People realize that when talented investors also make mistakes and mistakes, it is difficult to win long-term in complex markets based on human qualitative analysis alone. Human behavior deviations often lead us to make irrational investment decisions, regardless of whether you are an ordinary person or a genius (related articles “Centennial Stock Exchange”)

The size and composition of US ETFs since 1996 (in billions of dollars)

Source: ICI, Shen Wanhongyuan Research

Look at the situation in China. Funds with real hedging significance in the A-share market have only appeared since the introduction of stock index futures in 2010, and their history is still very short. Quantitative trading has also entered the horizon of Chinese investors at this time.
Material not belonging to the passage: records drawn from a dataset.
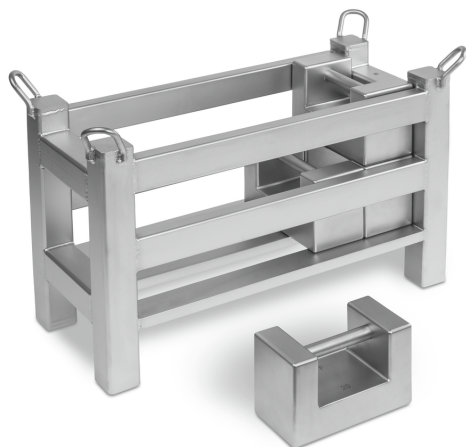

# KERN 346-000-000

**KERN**

Cesto de pesos individual para pesos em bloco

## Categoria

Marca	KERN
Categoria de produto	Malas & Estojos
Grupo de produto	Cesto de pesos

## Desenho

Forma de construção peso	Cesto de peso
Material	aço inox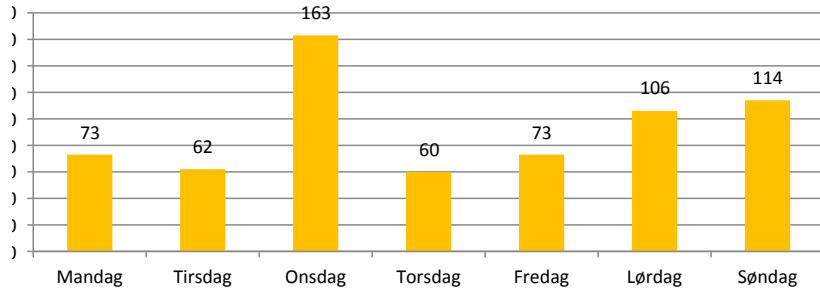

Statistik for brugerlogin Kulturbåden Februar 2016

	Lørdag	0	0	0	0
	Søndag	0	0	0	0
	Mandag	0	0	0	0
	Tirsdag	0	0	0	0

	Lørdag	0	0	0	0	0	0
	Søndag	0	0	0	0	0	0
	Mandag	0	0	0	0	0	0
	Tirsdag	0	0	0	0	0	0

Hele måned	Antal Total	06.00- 11.00	13.00- 21.00
Mandag	164	73	88
Tirsdag	125	62	62
Onsdag	163	70	88
Torsdag	147	60	87
Fredag	155	73	79
Lørdag	166	106	60
Søndag	193	114	79
Total	1113	558	543
		Isbjørn	Borgere

Statistik for brugerlogin Kulturbåden Februar 2016

Total login måneden

■ Total login måned

Isbjørn login måneden

■ Isbjørn login måned

Borgere login måneden

■ Borgere login måned

Login tidsmæssigt pr. ugedag (total for måneden)

Statistik for brugerlogin Kulturbåden Februar 2016

Statistik for brugerlogin Kulturbåden Marts 2016

Isbjørn / borger

Dato	Ugedag	Antal login H.dør (døgn)	06.00- 11.00	13.00- 21.00	Total tidsrum
	Mandag	0	0	0	0
	Tirsdag	0	0	0	0
3/1/2017	Onsdag	42	18	24	42
3/2/2017	Torsdag	26	10	15	25
3/3/2017	Fredag	40	16	24	40
3/4/2017	Lørdag	38	21	17	38
3/5/2017	Søndag	49	31	18	49
3/6/2017	Mandag	38	20	17	37
3/7/2017	Tirsdag	22	21	1	22
3/8/2017	Onsdag	0	0	0	0
3/9/2017	Torsdag	24	4	20	24
3/10/2017	Fredag	52	23	29	52
3/11/2017	Lørdag	40	26	14	40
3/12/2017	Søndag	33	14	19	33
3/13/2017	Mandag	37	15	22	37
3/14/2017	Tirsdag	43	19	23	42
3/15/2017	Onsdag	47	20	26	46
3/16/2017	Torsdag	30	15	15	30
3/17/2017	Fredag	41	16	23	39
3/18/2017	Lørdag	35	19	16	35
3/19/2017	Søndag	39	23	16	39
3/20/2017	Mandag	37	20	17	37
3/21/2017	Tirsdag	36	19	17	36
3/22/2017	Onsdag	42	16	23	39
3/23/2017	Torsdag	31	15	16	31
3/24/2017	Fredag	41	15	26	41
3/25/2017	Lørdag	27	15	12	27
3/26/2017	Søndag	43	27	16	43
3/27/2017	Mandag	33	12	20	32
3/28/2017	Tirsdag	33	18	15	33
3/29/2017	Onsdag	33	17	15	32
3/30/2017	Torsdag	29	15	14	29
3/31/2017	Fredag	43	18	24	42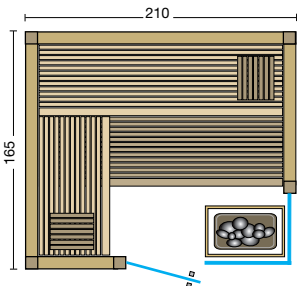

Abbildung Aurora mit Sonderausstattung:

Tür ohne Schwelle, 2 große Glaselemente grau durchgefärbt, Inneneinrichtung Linea, LED-Beleuchtung, Verdampferofen Hotline S9, Steuerung Saunacontrol T. Holzart innen: große Hemlock Paneele; außen: Eiche Dielen bauseits beigestellt.

Größenbeispiel: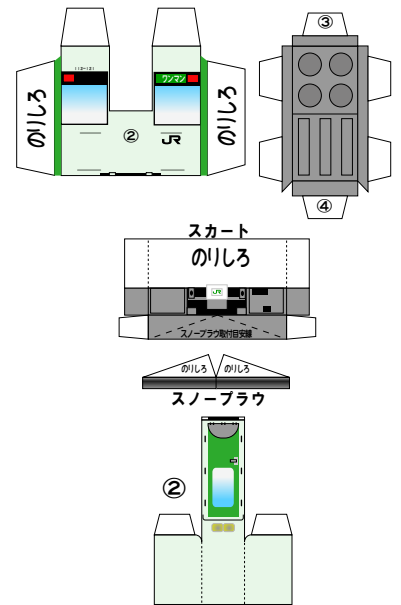

特攻野郎Bチーム

<http://tokkou-b-team.net/>

キハ111・112系風ペーパークラフト

(株)バンダイの公式HPではありません。
 また(株)バンダイと全く関係ありません。
 (株)バンダイにお問い合わせはしないでください。
 当製品は管理者に属します。無断で転載、2次使用はできません。
 (商品販売やオークションに転載することもできません。)

「Bトレインショーティー」は(株)バンダイの登録商標です。
 権利者の許諾なく使用することはできません。小さいお子様が作る場合、
 大人のそばで作るようお願いします。
 カッター・はさみ等を使う場合注意してお使いください。

On February 7, 2014, after the China Securities Regulatory Commission opened the private equity fund registration and filing system, Chinese hedge fund companies could be established by filing with the fund industry association to issue their own hedge fund products.

Currently, fund companies in Mainland China that can be called hedge funds are estimated to be about 70Xi, less speculation, adhere to a reliable investment concept and a systematic investment framework, investors can overcome their inherent defects and win in the long-distance investment.


References:

1. “Father of Hedge Funds-Alfred Winslow Jones Investment Story”, Wealth Management;

2. “The Great Financial Defeat—A Long-Term Capital Management Company’s Rise and Fall”, Huixue;

3. “What is the risk of this round of US financial investment institutions?” Hedge Fund “Leverage” Study, Zhongtai Securities;

4. “Striving for stability: the past and present of hedge funds”, Huatai Securities;

5. “Decrypt the first 10 years of development of Chinese-style hedge funds”: From germination to blossoming everywhere, Huiyu Global Family Think Tank;

6. “16 top hedge fund tycoons: talk about the next 10 years of quantitative investment! 》, Quantification and machine learning;

7. “What is a quantitative hedge fund”, Huaer Street Reference;

8. “The History and Investment Revelation of the Top Four Hedge Funds in the World,” read Dudu Finance.